The perception among lay users of the Internet is that Google’s omniscience is unparalleled as far as looking up information on the Internet goes, writes Aalap Deboor.

tech reviews Updated: Jun 15, 2009 19:59 IST
Aalap Deboor

The perception among lay users of the Internet is that Google’s omniscience is unparalleled as far as looking up information on the Internet goes. But with Artificial Intelligence fast evolving, inference search engines like True Knowledge and Wolfram Alpha have begun to throw up results that promise to enlighten the user faster and more intuitively.

Google primarily indexes websites and stores millions of keywords in its database, based on which it throws up results. For instance, if a user were to type in ‘Bombay’, Google would return all webpages with the term ‘Bombay’ in them irrespective of what context it was needed in. The information is all pre-fed into the database.

On the contrary...
Inference search engines are programmed to recognise words in a context. They, too, recognise only keywords from the input, but show direct answers to queries rather than direct you to webpages on the Internet that will.

So if a user were to type in ‘Bombay’, such an engine will recognise Bombay as a metropolis and will accordingly display all of the city’s attributes much as it is pre-programmed to do. Wolfram Alpha comprehensively lists out the population, current temperature, local time and approximate elevation among other things. Try entering a complex mathematical equation involving calculus or Sin and Cos values and the website returns three alternative representations, three integral representations and three of what it calls multiple-argument formulae. Simply put, direct answers. Such search engines help keep malware away, as they minimise your exposure to other websites.

Too much information?
In a Google search the kind of answer you get depends on the keywords you type in. And while you may be flooded with websites, it’s important to remember, excess information isn’t necessarily useless. You invariably come across a piece of information browsing through website that you never intended to directly search for, but found useful nonetheless.
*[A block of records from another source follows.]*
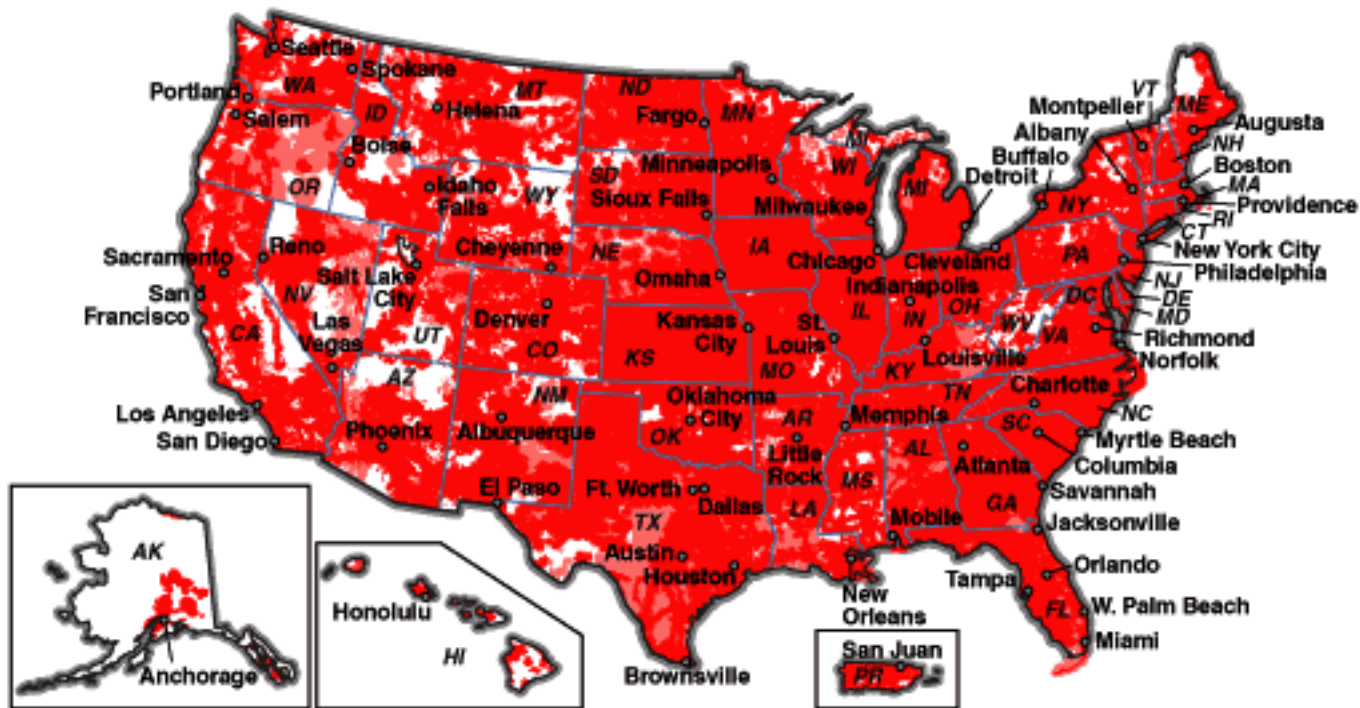

ATech Wireless Plans Utilizing the Verizon Network

America's Choice Home Airtime Rate and Coverage Area*

- America's ChoiceSM and National Calling Rate and Coverage Area
- America's ChoiceSM and National Calling All-Digital Rate and Coverage Area
- No Coverage Area

*This map is not intended to be a guarantee of coverage.

If you’re not too clear on what you want, Google helps you navigate through even the most ambiguous searches and get to the answer. Wolfram Alpha isn’t too helpful as it throws up only a select few details.

According to Shreyas Srinivasan, a post graduate in Computer studies, “ Inference search engines are experimental AI implementations on par with maybe an Alpha or a Beta test of a new kind of software that use intelligent search techniques.

The ultimate aim of projects like Wolfram Alpha is to demonstrate a concept so as to gain the sponsorship of search engines like Google so the technology can be incorporated into existing search engines.”

So is Google still God?
According to journalist Aashray Hariharan, “Inference websites aren’t as informative and I only get specific information on them. I don’t even consider them as competition to Google.”

Shreyas, who has to solve mathematical equations in his work, says, “While engines like Wolfram Alpha and True Knowledge are based on some solid research, and are fun to work with because of their responses, they’re not so much alternatives to Google as they are the future of Google.”

The future of search engines
Wolfram Alpha currently performs less than one-fifth of the operations a search engine with its kind of technology ideally should. So it doesn’t really do to compare Google and Wolfram Alpha. The whole point of having inference search engines is to streamline searches, and make them as direct and intuitive for the user. The only thing they’ve still got to figure is how to give the user what he wants, without telling him that’s all he needs.